| TASK ITEM |
Could you copy every record exactly, leaving the pictures behind?
******************************
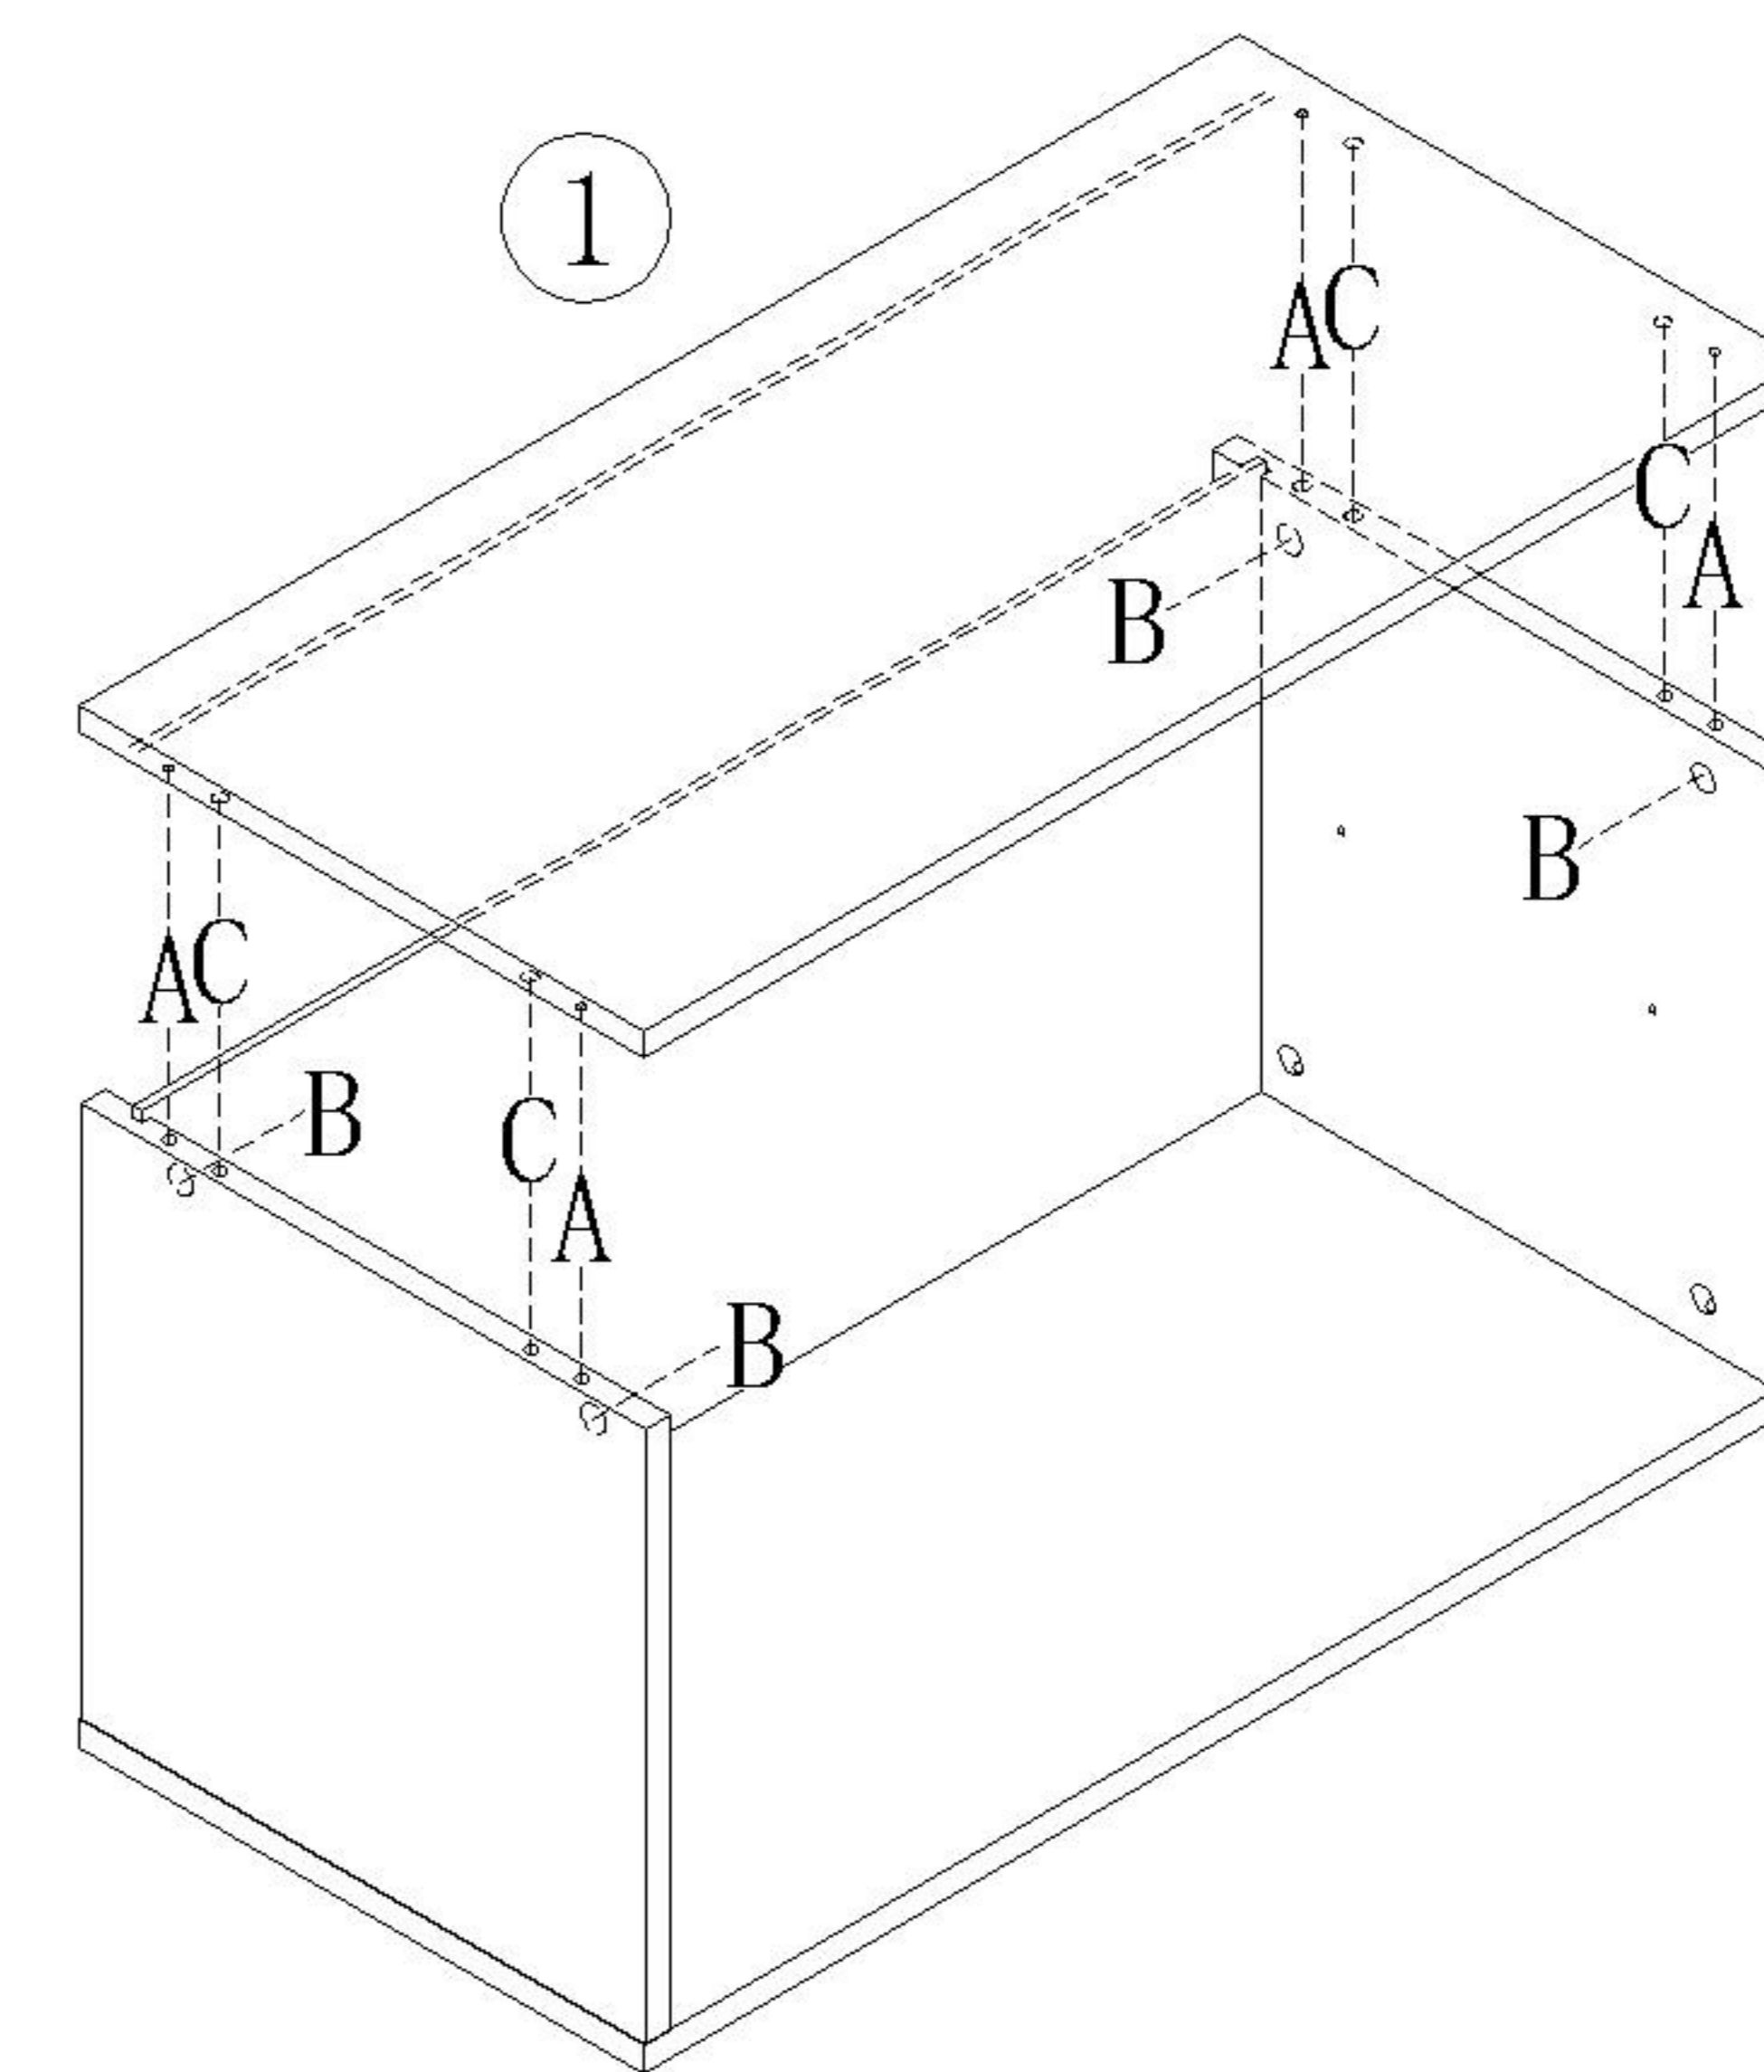

LINSY 林氏家居

五金表/Hardware list

部件表/Parts List

安装示意图/Assembly Instruction

产品名称 Model NO.	KQ5E-A
产品规格 Specification	720*350*363mm
安装工具 Tool	安装人数 Installer
	

 (A) *8 二合一螺杆 2-in-1-screw	 (B) *8 大三合一锁饼 3-in-1 large lock	 (C) *8 木榫Ø8x30mm Wood tenon	 (D) *4 灰色毛毡垫 Foot pad
 (E) *4 白攻螺丝M3.5*12mm Tapping screw	 (F) *6 白攻螺丝M3.5*16mm Tapping screw	 (G) *6 背板扣 White buckle	 (H) *2 U型卡扣 U-shaped buckle
 (I) *1 家具防倒器-白色 Anti-fall device	 (J) *4 层板托5mm shelf support		

编号NO.	名称Name	规格(mm) Specification	数量QTY	材质Material
①	顶底板Top base board	720*350*15	2	三胺板 Melamine
②	侧板Side board	330*350*15	2	三胺板 Melamine
③	层板Shelf	687*290*15	1	三胺板 Melamine
④	背板Back board	698*340*5	1	三胺板 Melamine
⑤				
⑥				
⑦				
⑧				
⑨				
⑩				
⑪				
⑫				
⑬				
⑭				
⑮				
⑯				
⑰				
⑱				
⑲				
⑳				
㉑				
㉒				
㉓				
㉔				
㉕				

KQ5E-A

安装方法

Installation method

二合一 two-in-one

背板扣
Back Plate Buckle

侧板
Side plate

层板托5mm
shelf support

安装方法 Installation method

-  (E)*4
-  (H)*2

组合连接方式, 如只购买单个柜体无需安装
Combination connection method, such as purchasing only a single cabinet without installation

上下组合安装方式
Upper and lower combination installation method

左右组合安装方式
Left and right combination installation method
******************************
| RESULT BELOW |
LINSY 林氏家居

五金表/Hardware list

部件表/Parts List

安装示意图/Assembly Instruction

产品名称 Model NO.	KQ5E-A
产品规格 Specification	720*350*363mm
安装工具 Tool	安装人数 Installer
	

 (A) *8 二合一螺杆 2-in-1-screw	 (B) *8 大三合一锁饼 3-in-1 large lock	 (C) *8 木榫Ø8x30mm Wood tenon	 (D) *4 灰色毛毡垫 Foot pad
 (E) *4 白攻螺丝M3.5*12mm Tapping screw	 (F) *6 白攻螺丝M3.5*16mm Tapping screw	 (G) *6 背板扣 White buckle	 (H) *2 U型卡扣 U-shaped buckle
 (I) *1 家具防倒器-白色 Anti-fall device	 (J) *4 层板托5mm shelf support		

编号NO.	名称Name	规格(mm) Specification	数量QTY	材质Material
①	顶底板Top base board	720*350*15	2	三胺板 Melamine
②	侧板Side board	330*350*15	2	三胺板 Melamine
③	层板Shelf	687*290*15	1	三胺板 Melamine
④	背板Back board	698*340*5	1	三胺板 Melamine
⑤				
⑥				
⑦				
⑧				
⑨				
⑩				
⑪				
⑫				
⑬				
⑭				
⑮				
⑯				
⑰				
⑱				
⑲				
⑳				
㉑				
㉒				
㉓				
㉔				
㉕				

KQ5E-A

安装方法

Installation method

二合一 two-in-one

背板扣
Back Plate Buckle

侧板
Side plate

层板托5mm
shelf support

安装方法 Installation method

-  (E)*4
-  (H)*2

组合连接方式, 如只购买单个柜体无需安装
Combination connection method, such as purchasing only a single cabinet without installation

上下组合安装方式
Upper and lower combination installation method

左右组合安装方式
Left and right combination installation method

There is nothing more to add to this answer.